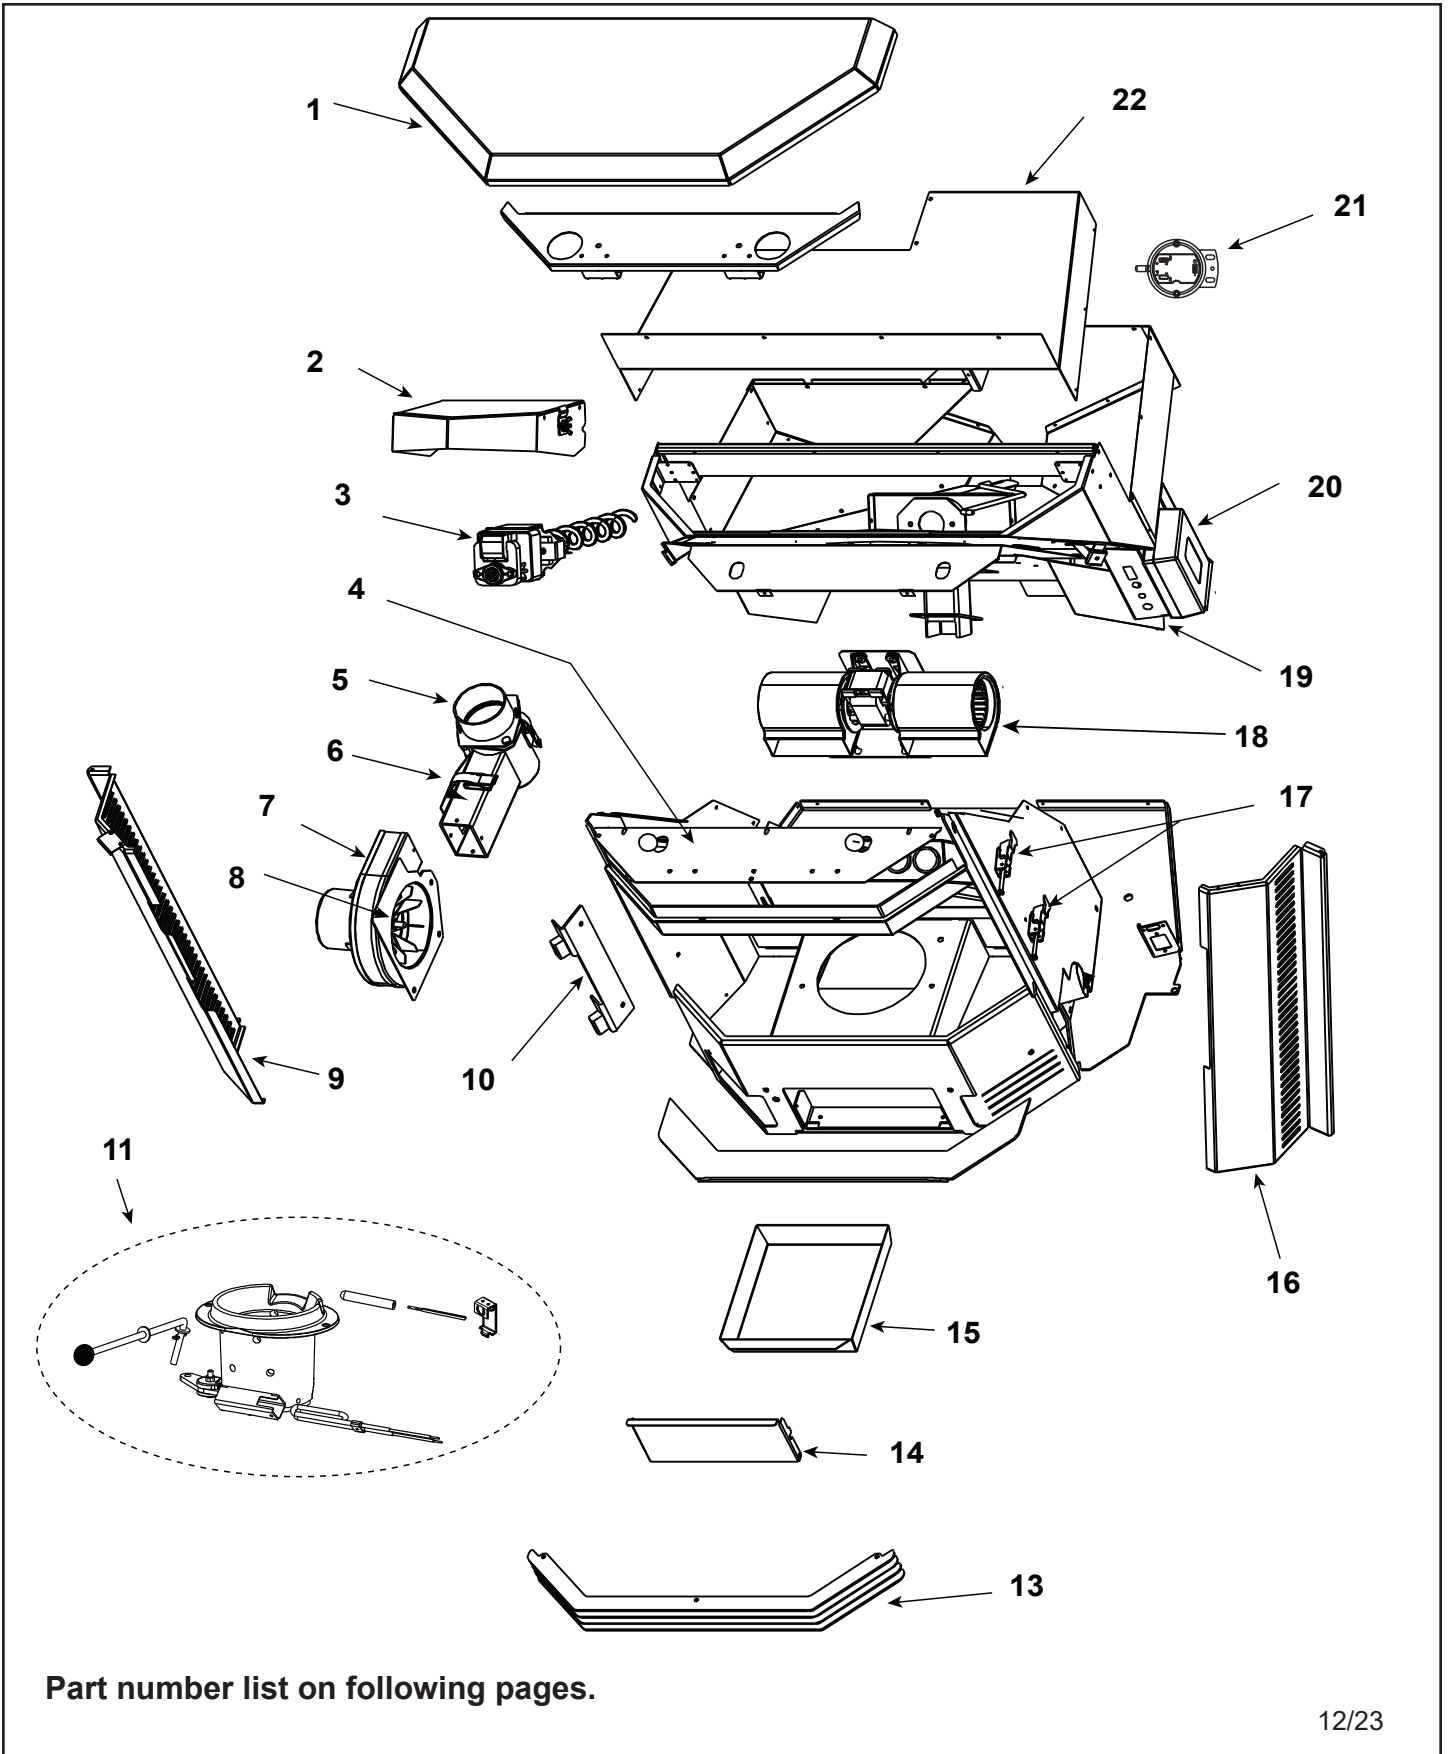

Classic Bay Millennium Insert - Pellet

Part number list on following pages.

IMPORTANT: THIS IS DATED INFORMATION. Parts must be ordered from a dealer or distributor. **Hearth and Home Technologies does not sell directly to consumers.** Provide model number and serial number when requesting service parts from your dealer or distributor.

Stocked at Depot

ITEM	DESCRIPTION	COMMENTS	PART NUMBER	
1	Top		SRV7027-040	
	Hinge, Hopper Lid		812-4220	
	Mount, Hopper Lid Support, Left	No longer available	410-8200	
	Mount, Hopper Lid Support, Right		410-7410	
	Mount, Hopper Lid Support, Top		410-7560	
2	Cover, Feed Motor, Top		410-7920	
#3 Feed Motor Assembly				
3	Feed Motor Assembly		812-3690	Y
3.1	Screw, 8-32 X 3/8 PH	Pkg of 40	225-0500/40	Y
3.2	Feed Motor		812-4421	Y
3.3	Collar, Set, 7/8		229-0520	
3.4	Feed Bearing		SRV7000-598	Y
3.5	Mount, Feed Motor		410-7172	
3.6	Gasket, Feed Motor		SRV240-0731	Y
3.7	Feed Spring Assembly		SRV7027-024	Y
	Bearing, Feed System, Nylon		SRV410-0552	Y
	Snap Disc, Manual Reset (#3)		SRV230-1290	Y
4	Extension, Heat Shield, Top		410-7860	
5	Exhaust Adapter Assembly		510-5330	
	Gasket, Flue Adapter		SRV240-0850	Y
6	Exhaust Transition Assembly		510-5340	
	Gasket, Cleanout Door		SRV240-0840	
	Latch, Draw		229-0230	
7	Combustion Exhaust Blower,80 CFM		812-3381	Y
8	Gasket, Exhaust Combustion Blower, between...	...Motor & Housing	812-4710	Y
		...Housing & Stove	SRV240-0812	Y
9	Curtain, Side, Left		812-4310	
10	Mount, Door Hinge		410-7290	

Additional service part numbers appear on following page.

### Work item
Within the data above, how many lines include the word "Hopper"? Respond with the number only.

### Task solution
4